INFORMATION GIVEN below:

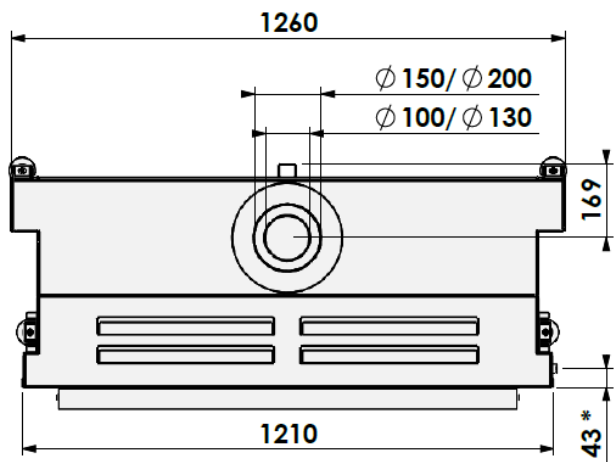

Barbas front 110-60

Ramme : Hidden Door +

\*=Gass

Industrielt interiør

Sort ved

- Effekt (Min-maks) 3- 11 KW (Nominell 8,4kw)
- Std. brenner Premium
- Vekt 160 kg
- Energimerking **A**
- Avgass størrelse Ø150/100 - Ø 200/130 mm
- Modell Barbas Front 110-60
- Interiør Sort stål matt- Sort speil- Industrielt
- Rammer 10cm
- Farge peis Sort
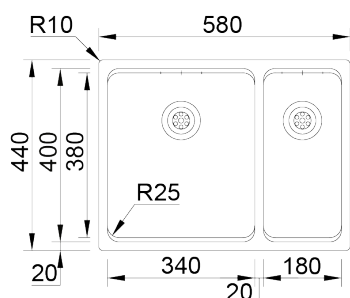

UNA 55

Fregadero con cubetas con raio 25mm. Este radio junto con el resalte integrado, hacen de él, un fregadero más funcional donde diferentes accesorios pueden ser acoplados. La válvula estampada facilita la limpieza y la instalación.

ACABADOS:

-  Acero Inoxidable Aisi 304
-  Pulido

Detalles técnicos

Lo que precisa de saber

Medida externa	580x440mm
Medida de las cubetas	340x400/180x400mm
Profundidad	200/150mm
Embalaje	Caja Individual
Medida del mueble	600mm

Plano de corte

Instalacion
Encastrar a la
Superficie

Instalacion
Integrada

Instalacion Bajo
Encimera

End of INFORMATION GIVEN.

▸ **WHAT THE TASK ASKS**
Repeat precisely the lines of the data starting at the one containing "Inoxidable Aisi 304", last line included.

▸ **SOLUTION TO THIS EXERCISE**
-  Acero Inoxidable Aisi 304
-  Pulido

Detalles técnicos

Lo que precisa de saber

Medida externa	580x440mm
Medida de las cubetas	340x400/180x400mm
Profundidad	200/150mm
Embalaje	Caja Individual
Medida del mueble	600mm

Plano de corte

Instalacion
Encastrar a la
Superficie

Instalacion
Integrada

Instalacion Bajo
Encimera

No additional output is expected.